Your task. Output begins at the line with "Board of Education" and ends at the last line of the records below. Copy each line in that span exactly, and leave out pictures.

########################################

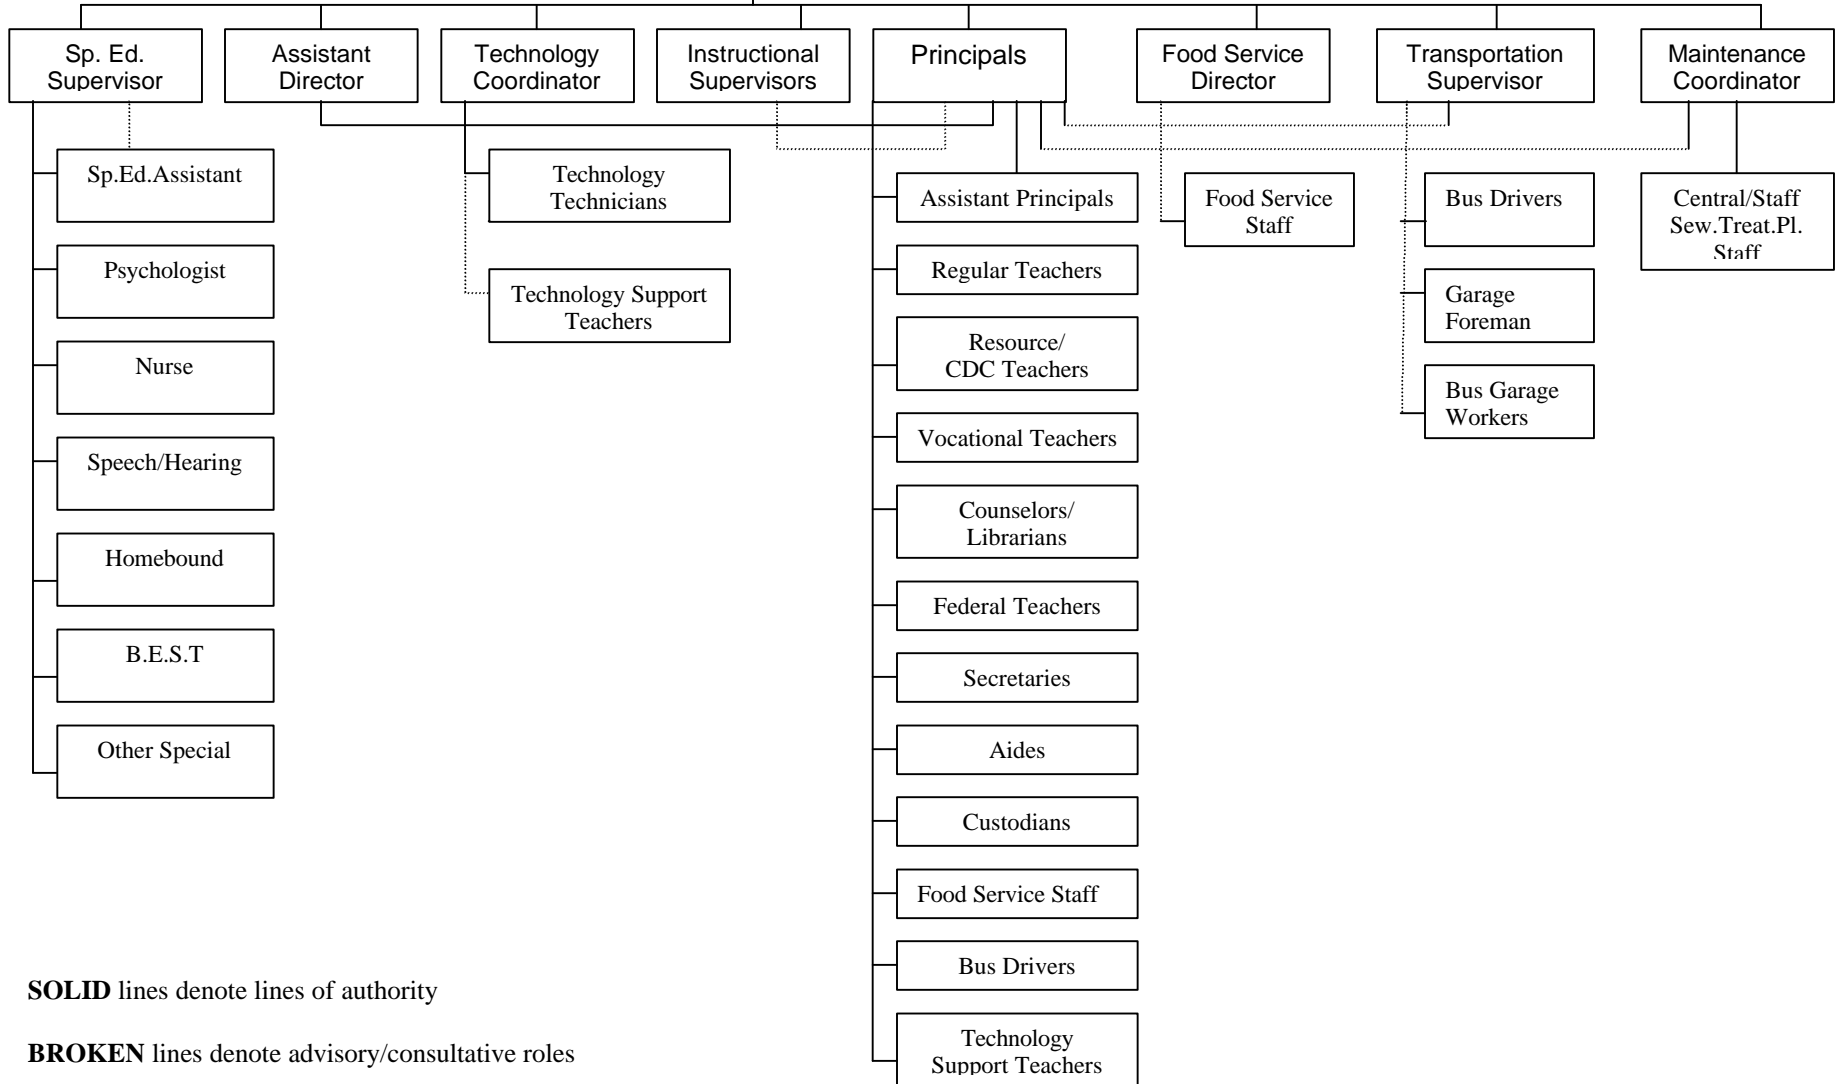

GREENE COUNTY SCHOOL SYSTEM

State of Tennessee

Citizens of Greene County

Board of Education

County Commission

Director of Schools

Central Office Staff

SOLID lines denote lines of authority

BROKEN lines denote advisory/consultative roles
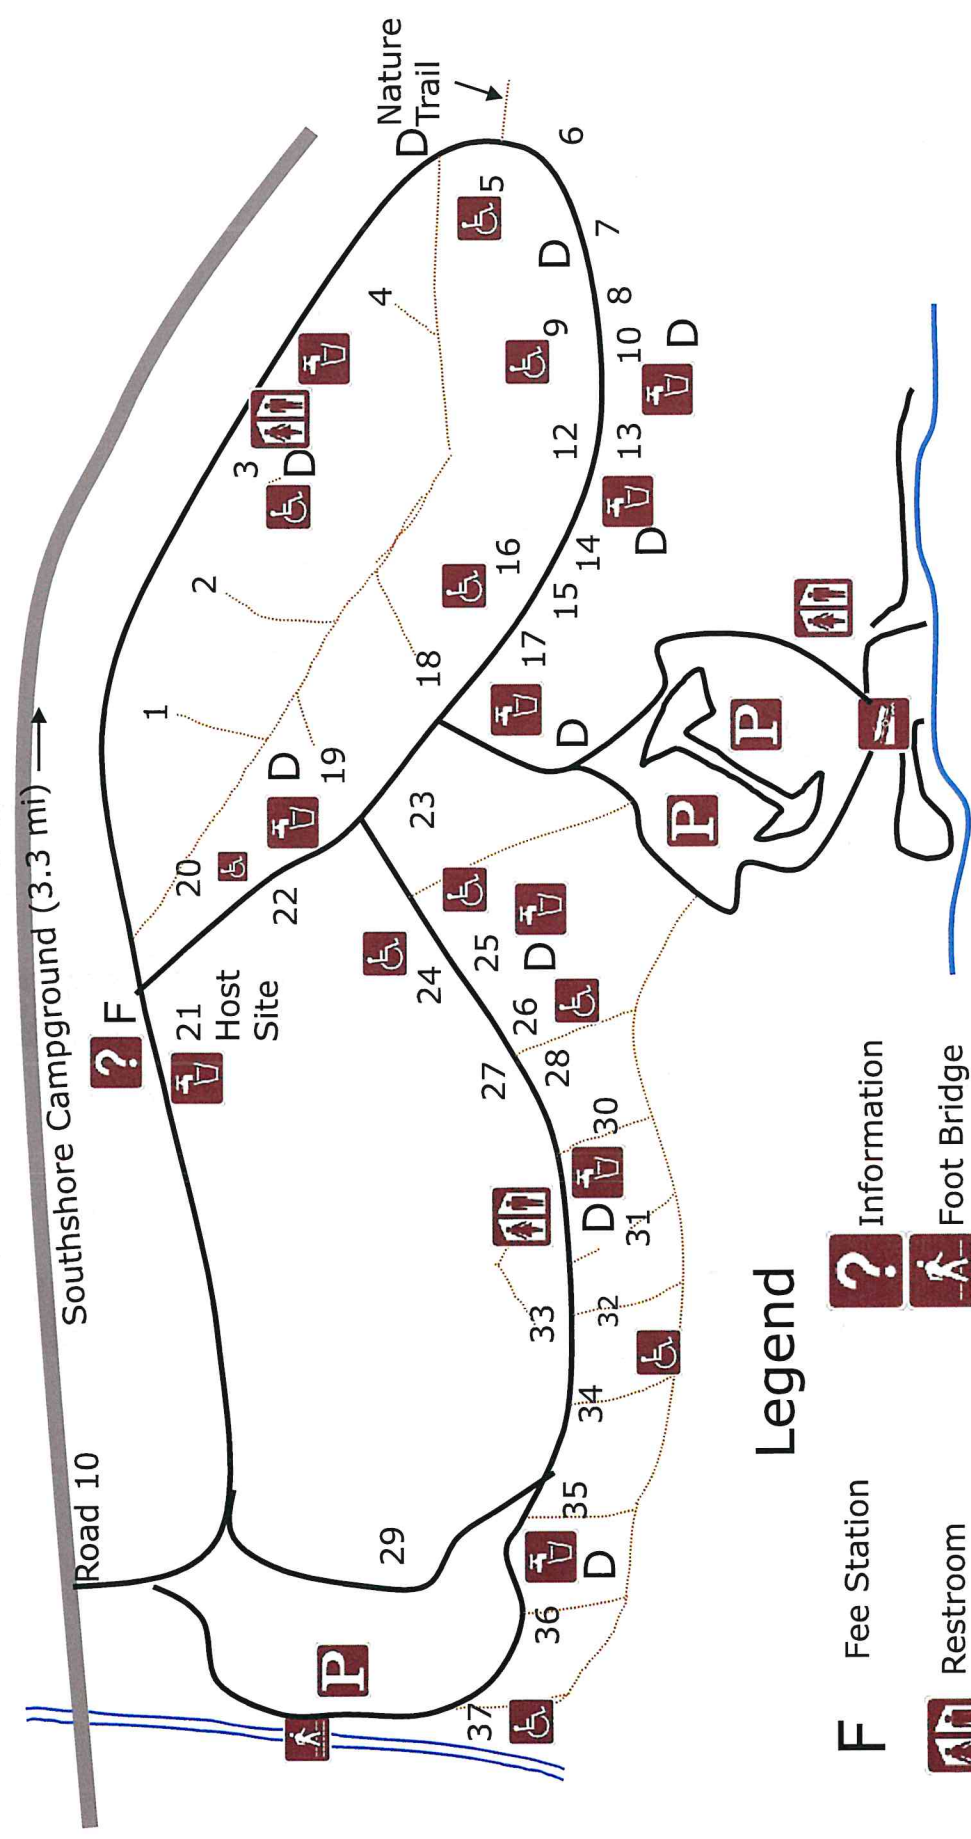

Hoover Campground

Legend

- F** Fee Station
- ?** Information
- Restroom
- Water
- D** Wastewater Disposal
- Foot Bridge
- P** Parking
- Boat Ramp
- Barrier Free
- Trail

########################################

Answer section.
Board of Education

County Commission

Director of Schools

Central Office Staff

SOLID lines denote lines of authority

BROKEN lines denote advisory/consultative roles

Hoover Campground

Legend

- F** Fee Station
- ?** Information
- Restroom
- Water
- D** Wastewater Disposal
- Foot Bridge
- P** Parking
- Boat Ramp
- Barrier Free
- Trail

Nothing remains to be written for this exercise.